Edge cases to watch for include scenarios where one sister already has far more coins than the others, or where the total number of coins needed to balance them exactly does not divide evenly. For instance, if the sisters have 1, 2, 3 coins and n = 3, a naive approach that simply adds coins one by one might incorrectly assume it is possible, but careful calculation shows that you cannot distribute 3 coins to make all totals equal because the largest gap is 2 and you cannot split the remainder evenly.

Approaches

A brute-force method would try every combination of (A, B, C) such that A + B + C = n. This would work in principle because we only need to check integer solutions, but the number of possibilities grows cubically with n. Given that n can be 10^8, this is obviously infeasible.

The key insight is that we do not need to try all distributions. Let max_coins be the largest number of coins any sister currently has. To equalize them, we must at least bring the other two sisters up to max_coins. Let the total number of coins needed to reach that level be (max_coins - a) + (max_coins - b) + (max_coins - c). If this number exceeds n, it is impossible.

If we have enough coins, the remaining coins after equalizing to max_coins must be divisible by 3. This is because any extra coins beyond the baseline must be distributed equally to maintain equality among all three sisters. This two-step check - first ensuring we have enough coins to reach max_coins, then checking divisibility by 3 - reduces the problem to a simple constant-time calculation.

Approach Time Complexity Space Complexity Verdict
Brute Force O(n^2) O(1) Too slow
Optimal O(1) per test case O(1) Accepted

Algorithm Walkthrough

  1. For each test case, identify the maximum number of coins any sister currently has: max_coins = max(a, b, c). This represents the minimum target we must reach for all sisters.
  2. Compute the total number of coins required to bring each sister up to max_coins: needed = (max_coins - a) + (max_coins - b) + (max_coins - c). This accounts for the baseline to equalize all three.
  3. Check if the coins Polycarp brings (n) are sufficient: if needed > n, output "NO". The distribution is impossible.
  4. If there are enough coins, calculate the remaining coins: extra = n - needed. These must be divisible by 3 to split evenly among three sisters. If extra % 3 == 0, output "YES"; otherwise, output "NO".

Why it works: The invariant is that after step 2, all sisters have been brought to at least max_coins. Any leftover coins must be divisible by three to maintain equality.
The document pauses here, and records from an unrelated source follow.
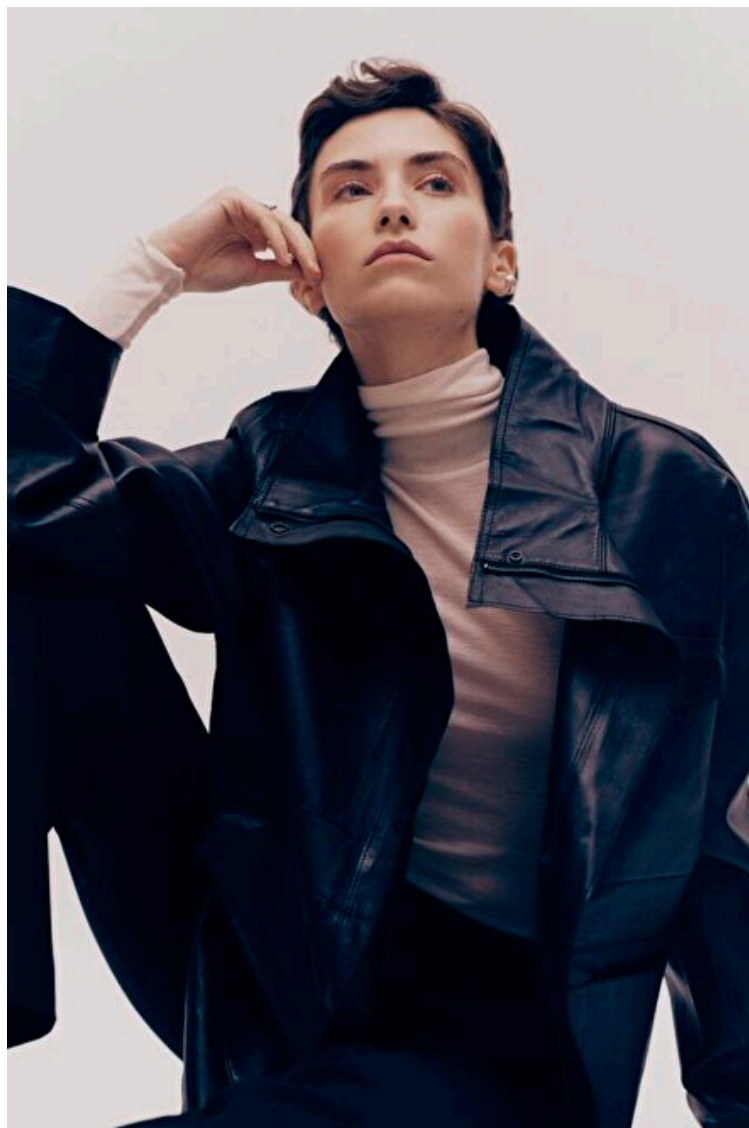

Size EU/US 34 / 4

Bust 81cm / 32"

Waist 58cm / 23"

Hips 89cm / 35"

Shoes EU/US/UK 39 / 8 / 6

Eyes Green

Hair Brown

Location Europe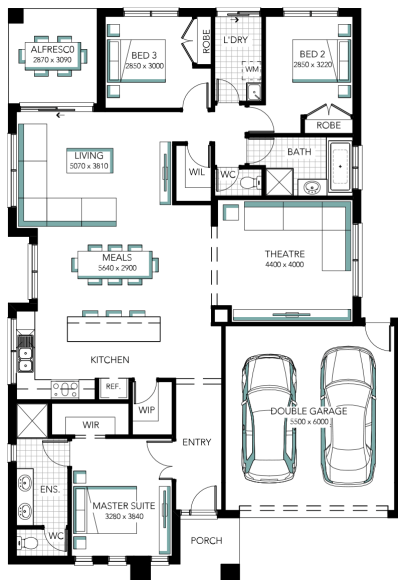

Ellenbrook 22

Address

133 Mulgara Drive Chisholm Estate

Lot Width

15.00

Lot size

703.00 m²

House size

208.30 m²

Your Inclusions

- Enjoy the luxury of Essastone to your kitchen benchtops
- Beautiful Beaumont Tiles to your wet and dry area tiling
- Your home will stay cosy and warm with ducted gas heating and wall mounted control.
- Comfortable carpets and underlay to your bedrooms and lounge
- Seamless transition into your showers with tiled shower bases.
- 900mm stainless steel freestanding cooker and canopy rangehood for the Chef in the family.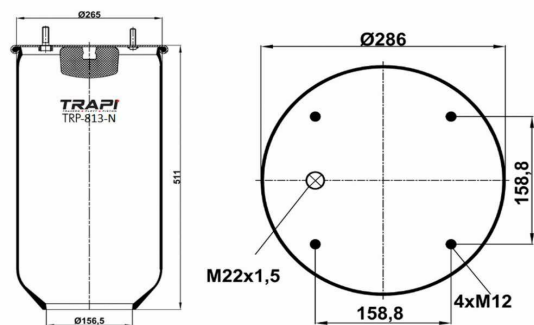

TRP-813-N AIR SPRING WITHOUT PISTON

OEM REFERENCES

CROSS REFERENCES

OEM REFERENCES	CROSS REFERENCES
	Contitech 813MB/O
	Firestone 1T19L-11
	Firestone W01M587238
	Phoenix 1 D 28 B-5 NP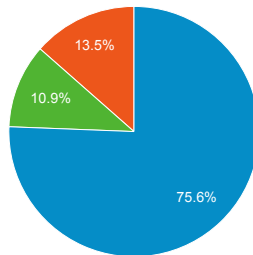

Search Term	Total Unique Searches
flood maps	1,256
training	1,173
nims	853
flood map	806
ics 100	646
ics	573
elevation certificate	559
flood zone	461
maps	447
loma	435

New vs. Returned Visitors

■ New Visitor ■ Returning Visitor

Avg. Visits per Visitor

■ 1 ■ 2 ■ Other

Avg. Visit Duration

00:02:14

Avg for View: 00:02:14 (0.00%)

Avg. Pages / Visit

2.18

Avg for View: 2.18 (0.00%)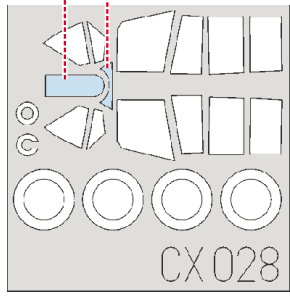

# P-40N Warhawk

The die-cut mask for accurate canopy frame painting of the  
*Hasegawa 1/72 KIT*

CX 028

LIQUID MASK

1.)

D37

2.)

D37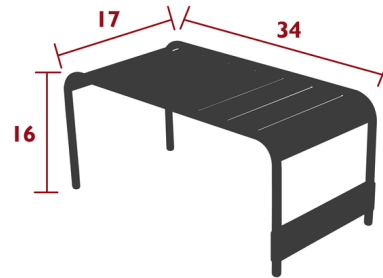

By Fermob

Description

Just like its smaller counterpart, the Luxembourg Large Low Table is a versatile piece in a variety of spaces. The Large Low Table pairs well with any piece of the Luxembourg Collection, but it especially helps to create a complete outdoor living space when paired with the Duo Low Armchair both as a low table and as a footrest. Tubular aluminum frame, Aluminum slats table top, Silence pads

Shown in maya blue

Specifications

COLOR	N/A
BODY FINISH	Maya Blue
WATTAGE	N/A
DIMMER	N/A
DIMENSIONS	34"W x 16"H x 17"D
BULB	N/A
COUNTRY OF ORIGIN	France

CLICK TO VIEW PRODUCT

Notes: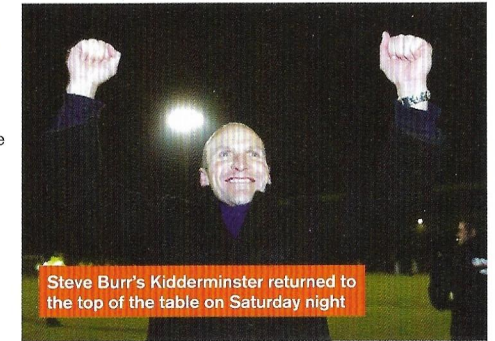

Steve Burr's Kidderminster returned to the top of the table on Saturday night

Barrow were also condemned to the inevitable this weekend as their scramble away from the pack was rebuffed by Cambridge United, going down 2-1 at the Abbey Stadium.

The game of the weekend, however, arguably meant nothing in the scale of things as Woking and Macclesfield played out a nine-goal thriller. The Silkmen arrived at the Kingfield Stadium but must have got lost on their way to the pitch as Woking raced into a 5-0 lead at half-time with Jayden Stockley and Billy Knott each bagging a brace a piece. A sublime Macclesfield comeback seemed destined to go all the way when Waide Fairhurst netted either side of a Guy Madjo strike to reel it back to 5-3. Despite an injury-time strike from Arthur Gnahoua, the visitors came up just short of the required task and Woking could breathe a sigh of relief in snatching a 5-4 win.

TONIGHT'S FIXTURES

EBBSFLEET v TAMWORTH
FOREST GREEN v DARTFORD
GATESHEAD v STOCKPORT
WOKING v GRIMSBY
WREXHAM v BRAINTREE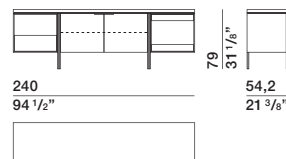

DIMENSIONS

low cupboard

MI08/24A

low cupboards

MI08/24C

MI08/24D

tall cupboards

MI11/17A

MI11/17B

MI11/17C

accessories

**USB or magnetic
rechargeable spotlight**

**Eco Skin bottom
dark brown**

**partition
for flatware
(for upper tray)**

DATASHEET

REGISTERED
DESIGN

IX.2020

There are no other constraints, so this check guarantees correctness. There is no need for further iterations or complicated distributions.

Python Solution

import sys
input = sys.stdin.readline

t = int(input())
for _ in range(t):
    a, b, c, n = map(int, input().split())
    max_coins = max(a, b, c)
    needed = (max_coins - a) + (max_coins - b) + (max_coins - c)
    if n < needed:
        print("NO")
    else:
        extra = n - needed
        print("YES" if extra % 3 == 0 else "NO")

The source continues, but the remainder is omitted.